* **YOUR TASK**:
Word for word, restate the lines from the top of the records below through the line with "LM15423BA1□ 349,00", both included, with no pictures in the result.

* **DATA TO USE**:
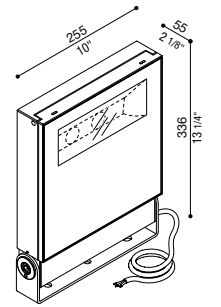

Delta 2 Asimmetrico

IP66 IK 08 5J xx7 CE UK CA	LED		REAL LM	COL.	CODE *	€
	W	LM				
	72	12.326	11.217	⊕ ✓ 220-240 V	LL15421WA1□ 289,00	
					LL15421GA1□ 289,00	
					LL15421KA1□ 289,00	
					LL15421BA1□ 289,00	
	72	12.326	11.217	⊕ ✓ 220-240 V DALI	LM15421WA1□ 339,00	
					LM15421GA1□ 339,00	
					LM15421KA1□ 339,00	
					LM15421BA1□ 339,00	
	97	14.670	13.350	⊕ ✓ 220-240 V	LL15422WA1□ 289,00	
					LL15422GA1□ 289,00	
					LL15422KA1□ 289,00	
					LL15422BA1□ 289,00	
97	14.670	13.350	⊕ ✓ 220-240 V DALI	LM15422WA1□ 339,00		
				LM15422GA1□ 339,00		
				LM15422KA1□ 339,00		
				LM15422BA1□ 339,00		
119	17.260	15.707	⊕ ✓ 220-240 V	LL15423WA1□ 299,00		
				LL15423GA1□ 299,00		
				LL15423KA1□ 299,00		
				LL15423BA1□ 299,00		
119	17.260	15.707	⊕ ✓ 220-240 V DALI	LM15423WA1□ 349,00		
				LM15423GA1□ 349,00		
				LM15423KA1□ 349,00		
				LM15423BA1□ 349,00		

* Complete the CODE □ LED COLOUR 5 | 5700K N | 4000K 3 | 3000K 2 | 2700K 1 | 2200K

Versione on-off: cavo 0,7m H05RN-F. Versione DALI: cavo 0,7m H07RN-F. | On-off version cable: 0,7m H05RN-F. Cable DALI version: 0,7m H07RN-F. | Câble version on-off : 0,7m H05RN-F. Câble version DALI : 0,7m H07RN-F. | Cable versión on-off: 0,7m H05RN-F. Cable versión DALI: 0,7m H07RN-F.

* **TASK RESULT**:
Delta 2 Asimmetrico

IP66 IK 08 5J xx7 CE UK CA	LED		REAL LM	COL.	CODE *	€
	W	LM				
	72	12.326	11.217	⊕ ✓ 220-240 V	LL15421WA1□ 289,00	
					LL15421GA1□ 289,00	
					LL15421KA1□ 289,00	
					LL15421BA1□ 289,00	
	72	12.326	11.217	⊕ ✓ 220-240 V DALI	LM15421WA1□ 339,00	
					LM15421GA1□ 339,00	
					LM15421KA1□ 339,00	
					LM15421BA1□ 339,00	
	97	14.670	13.350	⊕ ✓ 220-240 V	LL15422WA1□ 289,00	
					LL15422GA1□ 289,00	
					LL15422KA1□ 289,00	
					LL15422BA1□ 289,00	
97	14.670	13.350	⊕ ✓ 220-240 V DALI	LM15422WA1□ 339,00		
				LM15422GA1□ 339,00		
				LM15422KA1□ 339,00		
				LM15422BA1□ 339,00		
119	17.260	15.707	⊕ ✓ 220-240 V	LL15423WA1□ 299,00		
				LL15423GA1□ 299,00		
				LL15423KA1□ 299,00		
				LL15423BA1□ 299,00		
119	17.260	15.707	⊕ ✓ 220-240 V DALI	LM15423WA1□ 349,00		
				LM15423GA1□ 349,00		
				LM15423KA1□ 349,00		
				LM15423BA1□ 349,00		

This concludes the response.